In that case and the cases listed below, the community boards’ opposition to safety improvements was based on the narrow concerns of drivers, who represent a minority of New Yorkers.

“Anecdotes and personal experience dominate decision making in community boards, not data,” Reynoso told Streetsblog in October. “There are folks that sit on transportation committee[s] that have no idea about transportation policy or any experience with it. Their background is that they care about parking.”

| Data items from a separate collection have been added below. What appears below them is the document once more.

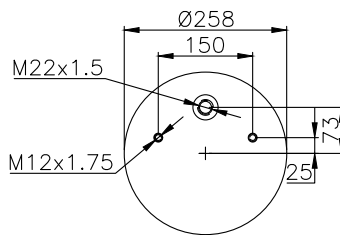

Product ID: 161025

Weight: 12,20 kg

QIP (pcs): 30

OEM Ref.

BPW
05.429.40.03.0 (30)
05.429.43.34.0
05.429.43.56.0
Wabco
951 811 702 0
951 811 700 0

CROSS Ref.

Firestone
Firestone Part No
Goodyear
Phoenix
Airtech
CF Gomma
Dunlop
Taurus
1T17D-8.3
W01-M58-8620
1R11-700
1 DK 21
3941 C
1TC 300-36 /204466
D11U30
UR 730-01 T

Here are other projects besides Amsterdam Avenue that are stuck in community board purgatory:

Queens Boulevard

DOT’s safety overhaul of the former “Boulevard of Death” — arguably the iconic redesign of de Blasio’s Vision Zero initiative — has stalled east of Yellowstone Boulevard, where it is caught up in the battle over the city’s plan to build a new jail in nearby Kew Gardens, Gothamist reported last week. The opposition centers around concerns from beleaguered small business owners mistakenly attributing their struggles to a lack of parking.

Dyckman Street

In Inwood, the future of protected bike lanes on the main east-west corridor remains uncertain seven months after Mayor de Blasio’s DOT nixed them on one side of the street after pressure from the local community board, Manhattan Borough President Gale Brewer, and Rep. Adriano Espaillat. Opponents specifically said they don’t like the bike lane because it makes it harder for drivers to double-park.

Flushing

And in Flushing, DOT is planning months of outreach, including with Queens CB 7, before installing simple painted bike lanes. That plan is already facing opposition from board members.

“You can’t be serious with all of the truck traffic and parking that the hospital needs because they park all over our neighborhood,” CB 7 member Kim Ohanian reportedly told DOT officials earlier this month. “I’m sorry but I cannot and will not ever support this plan, you’re planning on putting a bike lane on my street in front of my house.”

Church Ave. and Ocean Parkway

Just south of Prospect Park, Brooklyn Community Board 12 has so far refused to endorse safety plans for the deadly intersection of Church Avenue and Ocean Parkway.

Unsurprisingly, their inaction has had consequences: On March 25, a 63-year-old pedestrian was injured and hospitalized after being struck there, Bklyner reported.